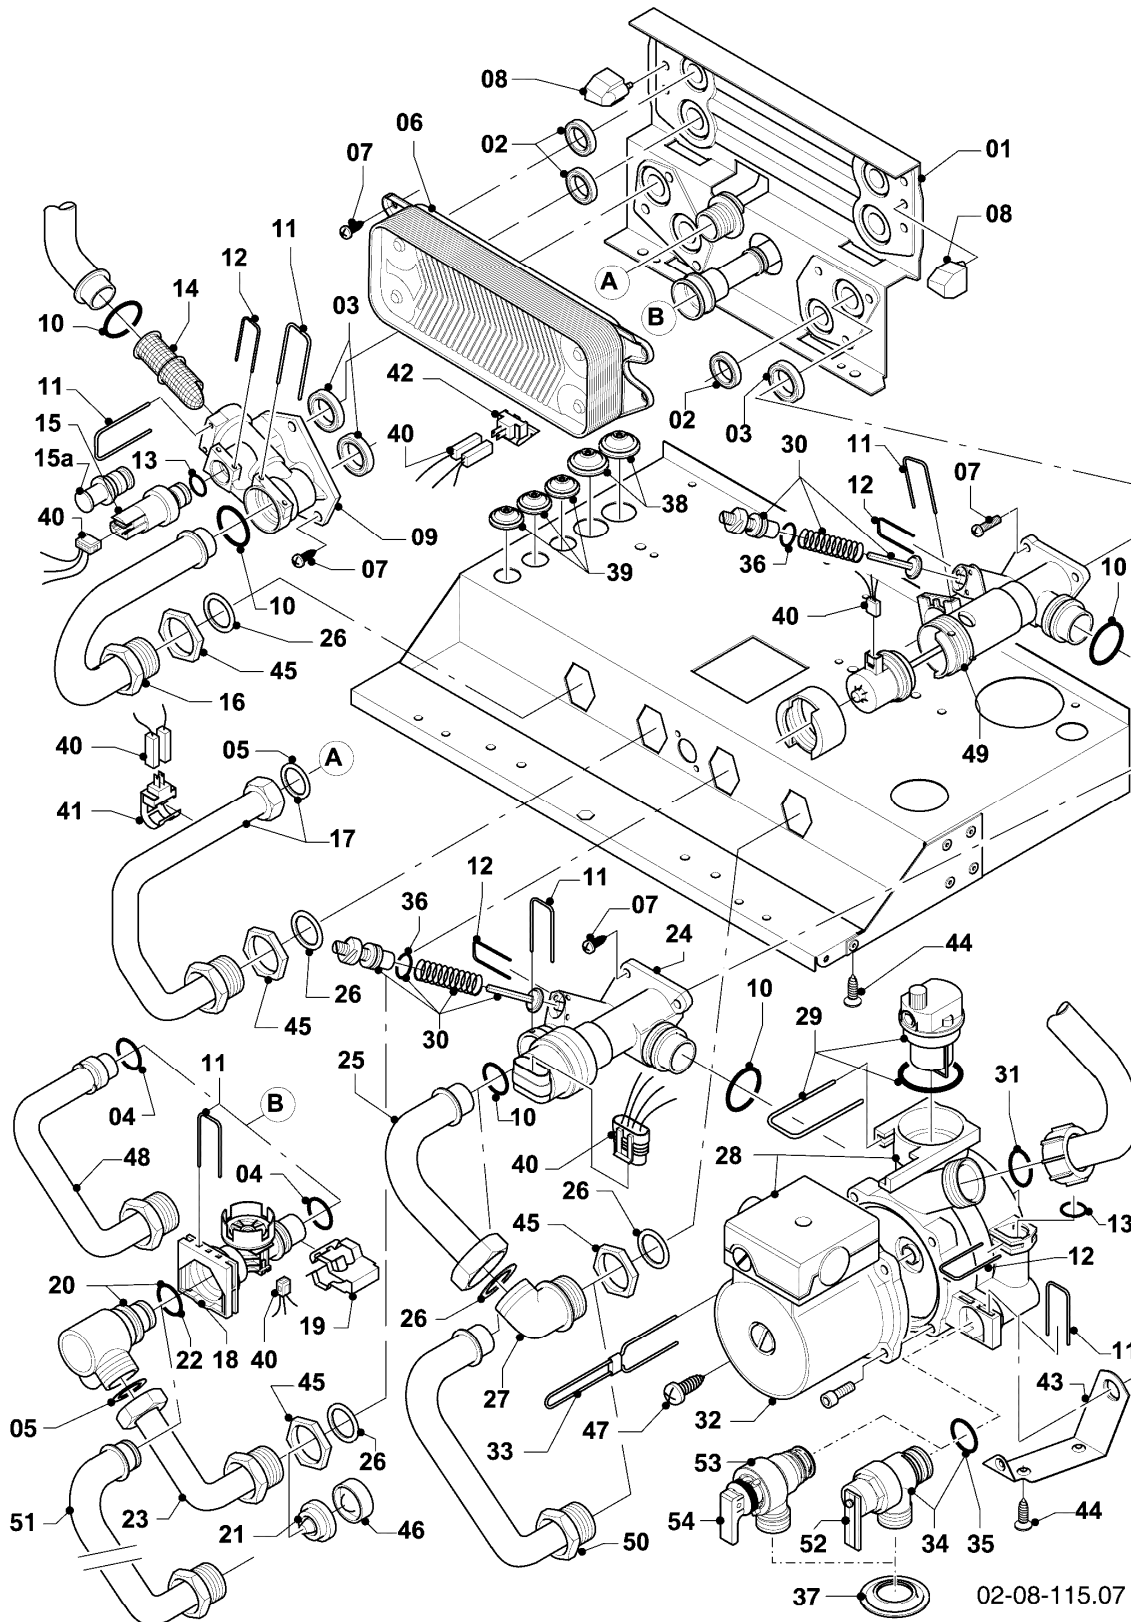

Gas-Wandheizgerät ecoTEC VCI Brennwert

VCI 196/3-5

08 - Hydraulikteile (Hydroblock, VCI)

-> zum Ersatzteilkauf bei www.loebbeshop.de <-

Gas-Wandheizgerät ecoTEC VCI Brennwert

VCI 196/3-5

08 - Hydraulikteile (Hydroblock, VCI)

Pos.	Teilenummer	Beschreibung	Hinweis, Bemerkung
01	178965	Hydroplatte	mit Pos. 02, 03, 04, 05, 07, 08, 10, 19, 22, 26, 44
02	178969	Rechteckdichtring (10 St.)	
03	193535	Rechteckdichtring (10 St.)	
04	178991	O-Ring (10 St.)	
05	981142	Rechteckdichtring (10 St.)	
06	0020038572	Wärmetauscher BW (19 Platten)	mit Pos. 02, 07
07	178967	Schraube M5 x 18 mm (10 St.)	
08	193536	Führung, Set a 2 St.	
09	179031	Anschlussstück (Messing)	VCI 196/3-5, mit Pos. 03, 07, 10, 11, 12, 13, 14, 15a
10	193537	O-Ring (10 St.)	
11	178992	Klammer (10 St.)	
12	0020107694	Klammer (5 St.)	
13	178993	O-Ring (10 St.)	
14	179030	Sieb	mit Pos. 10, 11
15	0020059717	Fühler (Wasserdrucksensor)	mit Pos. 12, 13
15a	-	-	nicht einzeln lieferbar, siehe Pos. 09
16	179033	Rohr	mit Pos. 10, 26
17	179034	Rohr W-W	mit Pos. 26
18	-	-	Position entfällt für diese Geräte
19	178966	Klammer (Blech)	
20	-	-	Position entfällt für diese Geräte
21	-	-	Position entfällt für diese Geräte
22	981163	O-Ring (10 St.)	
23	-	-	Position entfällt für diese Geräte
24	178978	Vorrangumschaltventil (MS, mit Bypass)	VCI 196/3-5, mit Pos. 02, 03, 07, 10, 11
25	179036	Rohr	mit Pos. 10, 26
26	981140	Rechteckdichtring 3/4 (10 St.)	
27	179035	Anschlussstück (ohne Fülleinrichtung)	mit Pos. 26
28	0020059306	Pumpe	mit Pos. 02, 03, 10, 11, 12, 13, 29, 31, 35, 43, 44, 47
29	104521	Schnellentlüfter	
30	178980	Bypass	mit Pos. 12
31	193539	O-Ring (10 St.)	
32	-	-	nicht einzeln lieferbar

-> zum Ersatzteilkauf bei www.loebbeshop.de <-
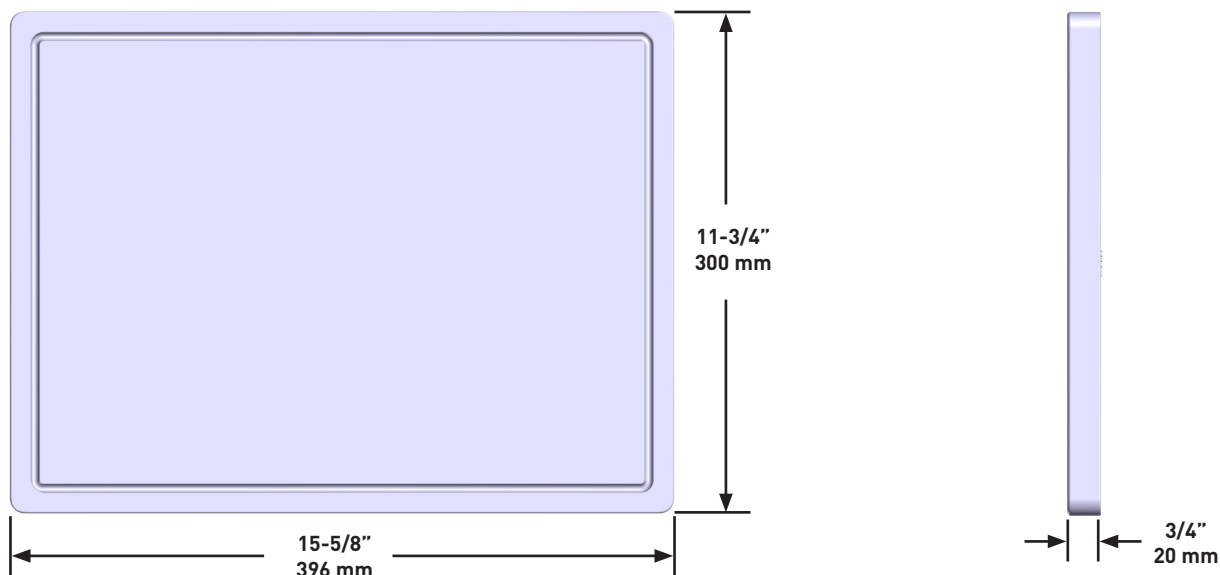

Para preguntas sobre la garantía o para obtener más información, favor de comunicarse con:

U.S.A.
houseofrohl.com/support
1-800-777-9762

QUEBEC / MARITIMES / WESTERN CANADA
QUÉBEC / MARITIMES / OUEST CANADIEN
QUEBEC / MARITIMOS / CANADA OCCIDENTAL
houseofrohl.ca/support
1-866-473-8442

ONTARIO
houseofrohl.ca/support
1-800-287-5354

Riobel

PERRIN & ROWE®
LONDON

victoria ⊕ albert®

ROHL

Schaub

EMTEK.

Exercise instructions:
Among the entries above, how many lines contain the string "Rechteckdichtring"? Only the number should be given.

Response:
4